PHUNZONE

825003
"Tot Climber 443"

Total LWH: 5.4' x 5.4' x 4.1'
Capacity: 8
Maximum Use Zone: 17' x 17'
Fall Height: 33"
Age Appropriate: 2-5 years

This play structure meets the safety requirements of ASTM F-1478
---+---
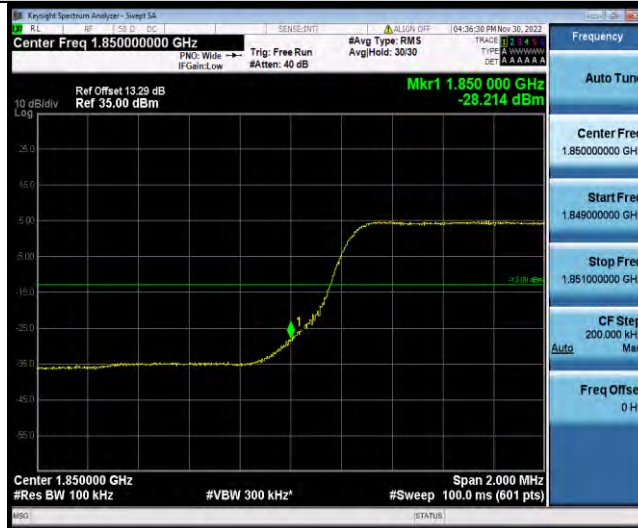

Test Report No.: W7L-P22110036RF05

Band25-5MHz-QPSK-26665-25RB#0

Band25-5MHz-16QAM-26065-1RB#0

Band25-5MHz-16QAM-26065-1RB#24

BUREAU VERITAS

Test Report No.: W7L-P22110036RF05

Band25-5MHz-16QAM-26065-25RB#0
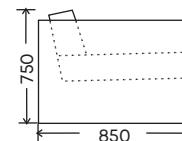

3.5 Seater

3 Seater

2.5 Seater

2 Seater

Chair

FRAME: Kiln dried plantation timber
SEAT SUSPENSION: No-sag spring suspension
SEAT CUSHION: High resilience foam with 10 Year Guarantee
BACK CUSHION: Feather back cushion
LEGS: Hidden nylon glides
---+---
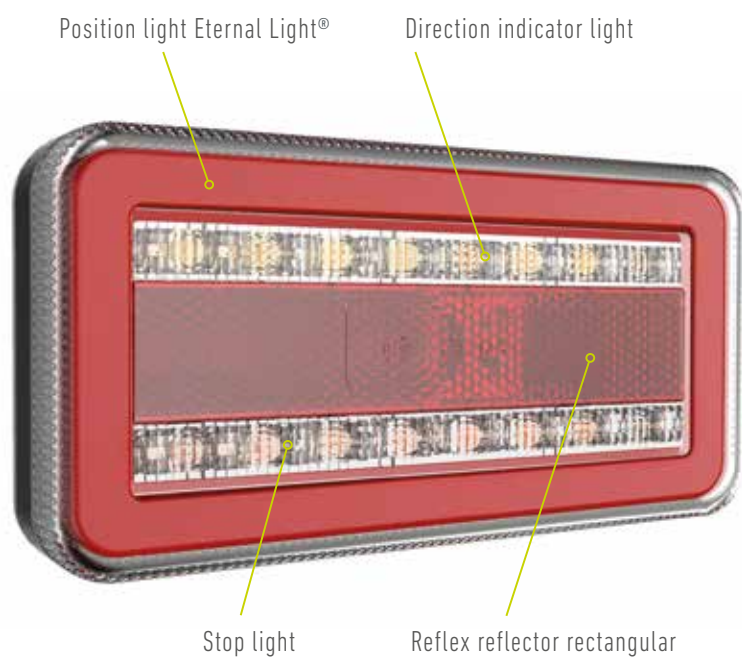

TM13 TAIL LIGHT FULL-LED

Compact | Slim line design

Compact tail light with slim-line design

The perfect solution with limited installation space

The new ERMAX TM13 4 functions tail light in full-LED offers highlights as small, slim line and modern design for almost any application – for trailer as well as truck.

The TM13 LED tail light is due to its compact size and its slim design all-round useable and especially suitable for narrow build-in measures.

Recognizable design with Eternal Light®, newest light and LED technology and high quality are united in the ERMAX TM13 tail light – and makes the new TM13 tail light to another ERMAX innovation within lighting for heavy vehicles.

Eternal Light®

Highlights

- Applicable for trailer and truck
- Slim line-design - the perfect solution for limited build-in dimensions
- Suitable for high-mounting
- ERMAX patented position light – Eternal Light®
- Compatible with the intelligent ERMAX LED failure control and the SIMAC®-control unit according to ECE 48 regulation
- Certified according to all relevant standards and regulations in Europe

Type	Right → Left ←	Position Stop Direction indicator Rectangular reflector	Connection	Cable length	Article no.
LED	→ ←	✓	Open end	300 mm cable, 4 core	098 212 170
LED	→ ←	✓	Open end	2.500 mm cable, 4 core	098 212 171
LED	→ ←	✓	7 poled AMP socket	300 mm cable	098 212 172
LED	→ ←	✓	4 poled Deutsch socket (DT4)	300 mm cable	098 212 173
---+---
**Try it**
The response should be the listing above, limited to the lines between the one holding "The new ERMAX" and the one holding "The TM13 LED", inclusive, reproduced exactly.

**Response**
The new ERMAX TM13 4 functions tail light in full-LED offers highlights as small, slim line and modern design for almost any application – for trailer as well as truck.

The TM13 LED tail light is due to its compact size and its slim design all-round useable and especially suitable for narrow build-in measures.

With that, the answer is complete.